Please share this video if you know somebody whom it might help. Thanks :) edit: Some people correctly identified the 3Blue1Brown style of the video. That is because I am using the python library manim (created by 3Blue1Brown) for the animations. Link and more information in the description. Huge thanks for all the likes and comments so far. You guys are awesome!
I can't say anything that hasn't been said already: This video is golden. The visualization, explaining, everything is just so well done. Phenomenal work. I'm basically commenting just for the algo bump this video rightfully deserves.
This is the kind of video that I was looking for to get beyond the basics of ML and start gaining a better and deeper understanding. Thank you for putting the effort into making this great video.

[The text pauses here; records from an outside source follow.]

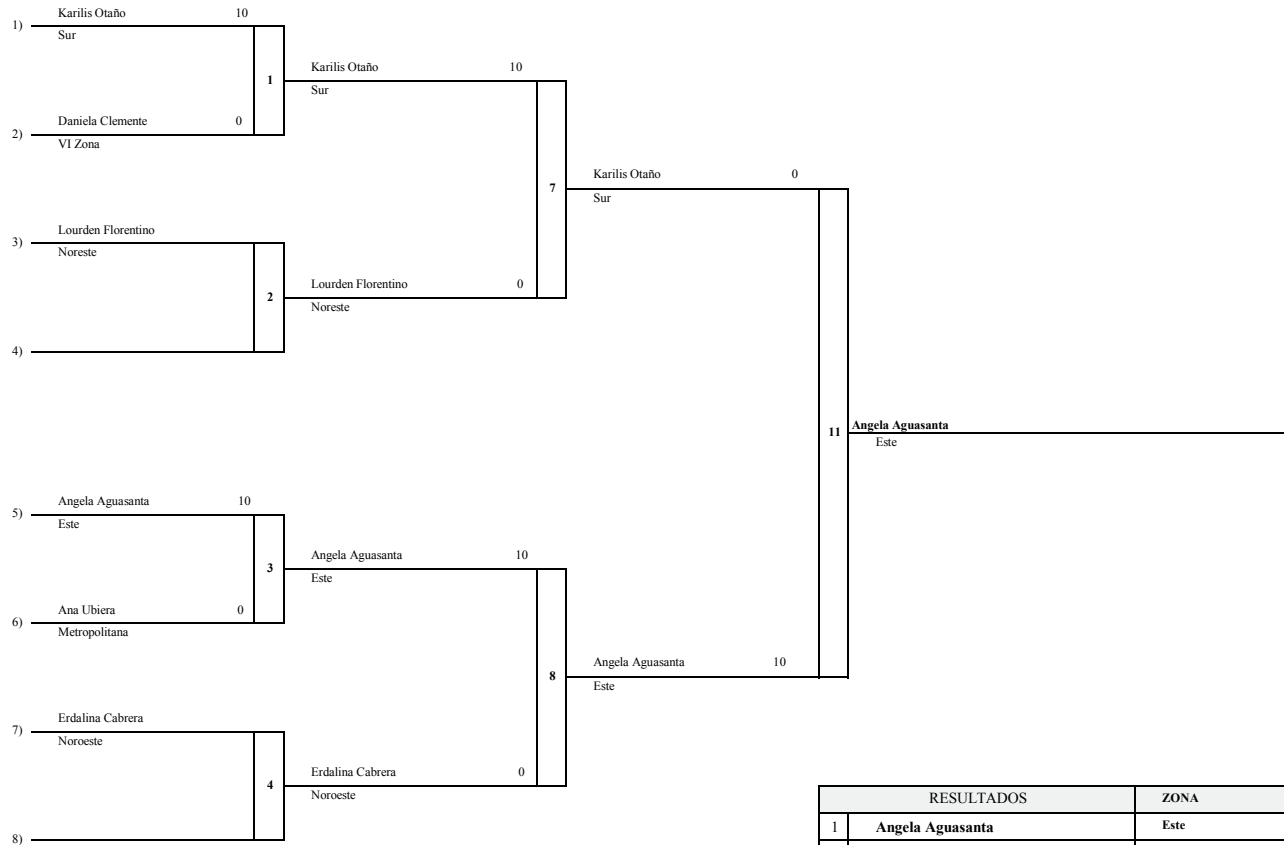

Categoría cadetes -48 Kg judo femenino

RESULTADOS		ZONA
1	Angela Aguasanta	Este
2	Karilis Otaño	Sur
3	Erdalina Cabrera	Noroeste
4	Lourden Florentino	Noreste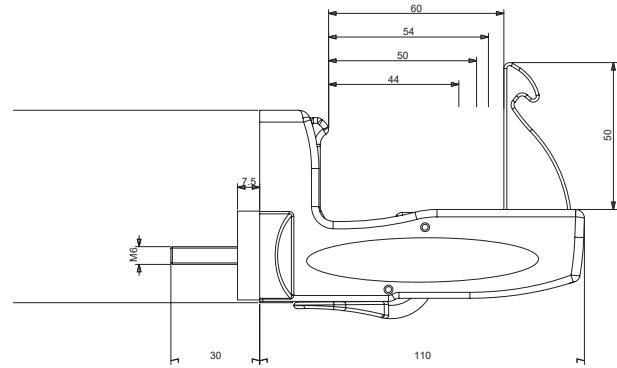

COD. 9035

Descrizione *Description*

u.m.

Confezione *Packaging*

Colori *Colours*

Fermainposte automatico Shark
tassello maggiorato vite MA6x25mm per
isolamento termico
Automatic stop shutter Speedy dowel plus with
screw MA6x25 mm for heat insulation

Pezzo *Piece*

25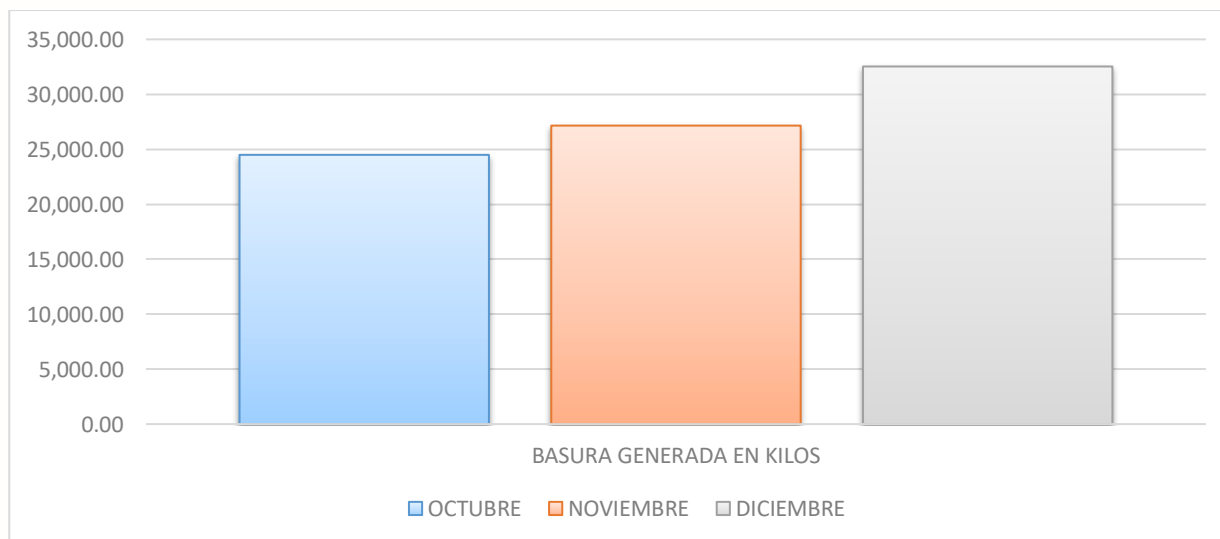

TULUM

Municipio de Tulum

ÁREA DE BARRIDO DE PARQUES Y JARDINES

Estadística de barrido que se realizó en las distintas calles, avenidas, parques y jardines de Tulum; durante los meses de octubre, noviembre y diciembre.

Total de metros cuadrados de barrido realizado en Tulum del 2021.

Total de basura generada en kilos

Municipio de Tulum

ÁREA DE JARDINERÍA

Estadística de poda, chapeo y pepena de basura que se realizó en las distintas calles, avenidas, parques y jardines de Tulum; durante los meses de octubre, noviembre y diciembre del 2021.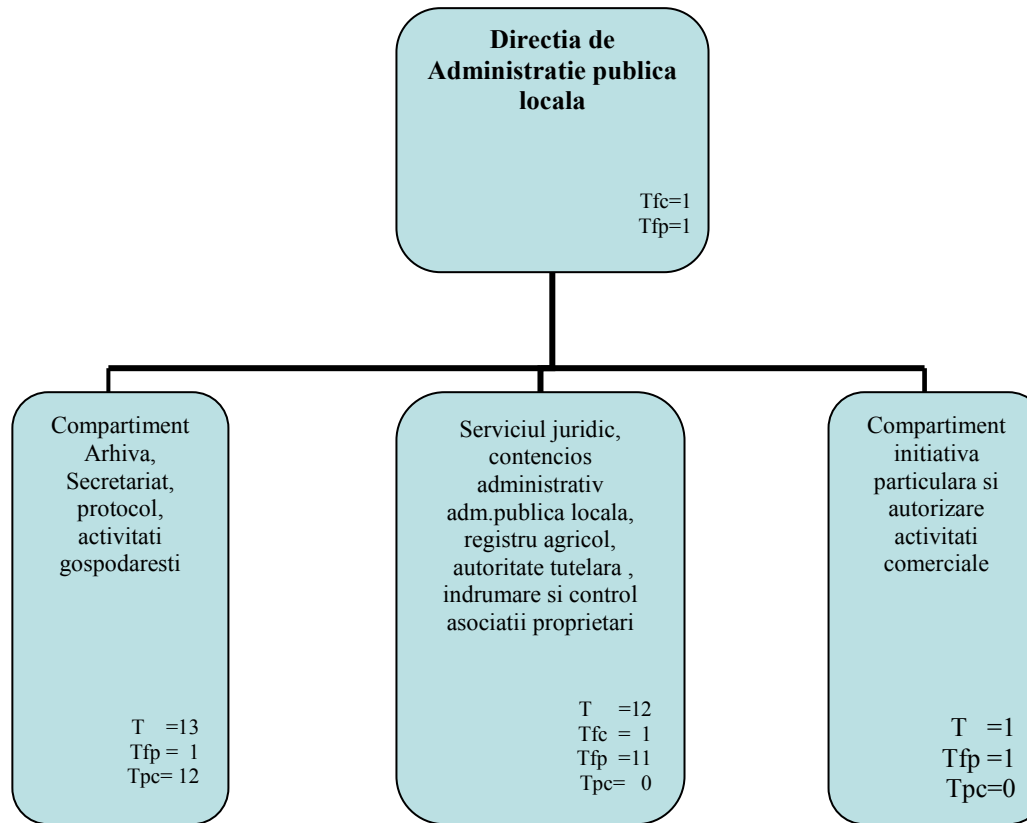

Directia de Administratie publica locala

Functii	Functii pblice	Personal contractual	Total
De conducere	2	-	2
De executie	13	12	25
Total	15	12	27

This video is pretty great, although i had to pause and sketch along and keep referring to the code you showed, it definitely helped me understand better how to do it
FANTASTIC video. Doing Stanford's Coursera Deep Learning Specialization and they should be using your video to teach week 4. Much clearer and far better visualized. Clearly, you put great effort into this. And kudos to using 3Blue1Brown's manim lib. Excellent idea. I am going to put your video link in the course chat room.
As an ML beginner, I know how much effort and time is needed for such visualization of a program. I would like to give you a huge thumb! Thank you for the video.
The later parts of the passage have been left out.